Problem to work on — Only the pictures are to be dropped; the rest of the data below is to be duplicated exactly.

━━━ Data for review ━━━

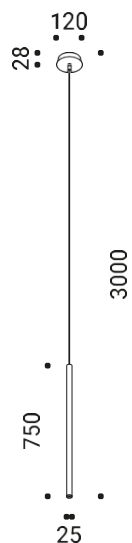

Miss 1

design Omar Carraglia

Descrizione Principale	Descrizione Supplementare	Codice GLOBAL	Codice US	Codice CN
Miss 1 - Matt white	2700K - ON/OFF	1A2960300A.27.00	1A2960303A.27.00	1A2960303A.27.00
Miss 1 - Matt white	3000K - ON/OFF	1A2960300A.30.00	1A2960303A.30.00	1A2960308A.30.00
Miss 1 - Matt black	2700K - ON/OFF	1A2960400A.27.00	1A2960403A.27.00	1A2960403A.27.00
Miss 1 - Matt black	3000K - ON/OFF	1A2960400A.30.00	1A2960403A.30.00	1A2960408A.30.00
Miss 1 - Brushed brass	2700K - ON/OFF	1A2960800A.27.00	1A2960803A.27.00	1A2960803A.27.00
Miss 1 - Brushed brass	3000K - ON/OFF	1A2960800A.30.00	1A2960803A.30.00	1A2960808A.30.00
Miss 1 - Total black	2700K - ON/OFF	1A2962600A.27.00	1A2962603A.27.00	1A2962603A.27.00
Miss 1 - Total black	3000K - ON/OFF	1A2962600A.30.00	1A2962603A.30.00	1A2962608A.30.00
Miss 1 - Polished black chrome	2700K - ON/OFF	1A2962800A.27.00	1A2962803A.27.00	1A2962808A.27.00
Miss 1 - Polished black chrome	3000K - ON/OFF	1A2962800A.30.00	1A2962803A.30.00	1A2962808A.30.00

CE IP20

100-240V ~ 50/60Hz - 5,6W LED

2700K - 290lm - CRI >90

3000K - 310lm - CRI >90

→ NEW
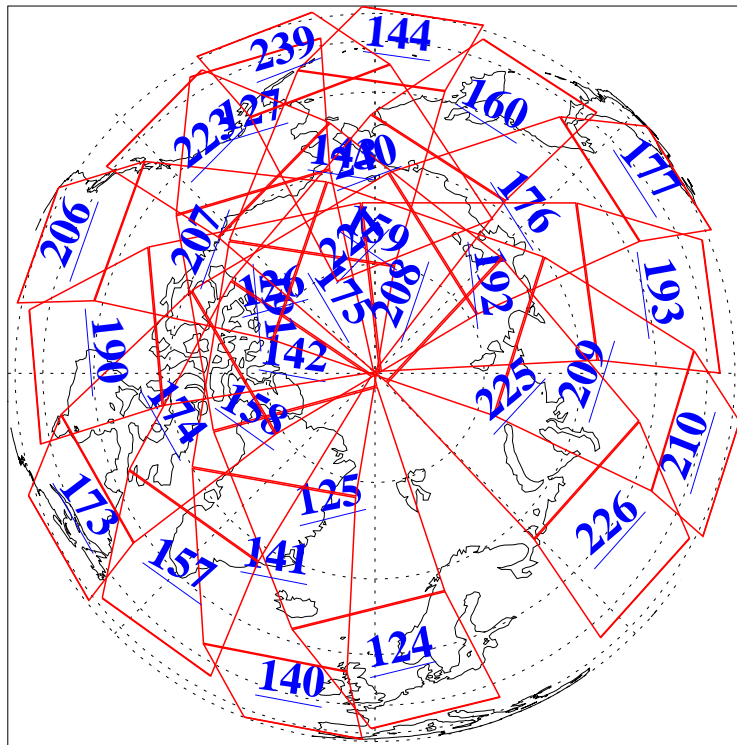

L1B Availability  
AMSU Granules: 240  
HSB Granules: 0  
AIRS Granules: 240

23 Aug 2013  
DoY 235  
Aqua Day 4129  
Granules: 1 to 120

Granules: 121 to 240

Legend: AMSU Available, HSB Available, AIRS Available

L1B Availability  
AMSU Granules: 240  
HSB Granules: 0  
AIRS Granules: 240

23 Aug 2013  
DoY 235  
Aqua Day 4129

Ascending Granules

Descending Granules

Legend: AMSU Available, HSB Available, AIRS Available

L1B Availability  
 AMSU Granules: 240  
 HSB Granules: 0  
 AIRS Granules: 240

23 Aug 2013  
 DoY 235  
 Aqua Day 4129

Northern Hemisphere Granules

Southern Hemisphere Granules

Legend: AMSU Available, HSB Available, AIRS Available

━━━

Finished task —
Miss 1

design Omar Carraglia

Descrizione Principale	Descrizione Supplementare	Codice GLOBAL	Codice US	Codice CN
Miss 1 - Matt white	2700K - ON/OFF	1A2960300A.27.00	1A2960303A.27.00	1A2960303A.27.00
Miss 1 - Matt white	3000K - ON/OFF	1A2960300A.30.00	1A2960303A.30.00	1A2960308A.30.00
Miss 1 - Matt black	2700K - ON/OFF	1A2960400A.27.00	1A2960403A.27.00	1A2960403A.27.00
Miss 1 - Matt black	3000K - ON/OFF	1A2960400A.30.00	1A2960403A.30.00	1A2960408A.30.00
Miss 1 - Brushed brass	2700K - ON/OFF	1A2960800A.27.00	1A2960803A.27.00	1A2960803A.27.00
Miss 1 - Brushed brass	3000K - ON/OFF	1A2960800A.30.00	1A2960803A.30.00	1A2960808A.30.00
Miss 1 - Total black	2700K - ON/OFF	1A2962600A.27.00	1A2962603A.27.00	1A2962603A.27.00
Miss 1 - Total black	3000K - ON/OFF	1A2962600A.30.00	1A2962603A.30.00	1A2962608A.30.00
Miss 1 - Polished black chrome	2700K - ON/OFF	1A2962800A.27.00	1A2962803A.27.00	1A2962808A.27.00
Miss 1 - Polished black chrome	3000K - ON/OFF	1A2962800A.30.00	1A2962803A.30.00	1A2962808A.30.00

CE IP20

100-240V ~ 50/60Hz - 5,6W LED

2700K - 290lm - CRI >90

3000K - 310lm - CRI >90

→ NEW

L1B Availability  
AMSU Granules: 240  
HSB Granules: 0  
AIRS Granules: 240

23 Aug 2013  
DoY 235  
Aqua Day 4129  
Granules: 1 to 120

Granules: 121 to 240

Legend: AMSU Available, HSB Available, AIRS Available

L1B Availability  
AMSU Granules: 240  
HSB Granules: 0  
AIRS Granules: 240

23 Aug 2013  
DoY 235  
Aqua Day 4129

Ascending Granules

Descending Granules

Legend: AMSU Available, HSB Available, AIRS Available

L1B Availability  
 AMSU Granules: 240  
 HSB Granules: 0  
 AIRS Granules: 240

23 Aug 2013  
 DoY 235  
 Aqua Day 4129

Northern Hemisphere Granules

Southern Hemisphere Granules

Legend: AMSU Available, HSB Available, AIRS Available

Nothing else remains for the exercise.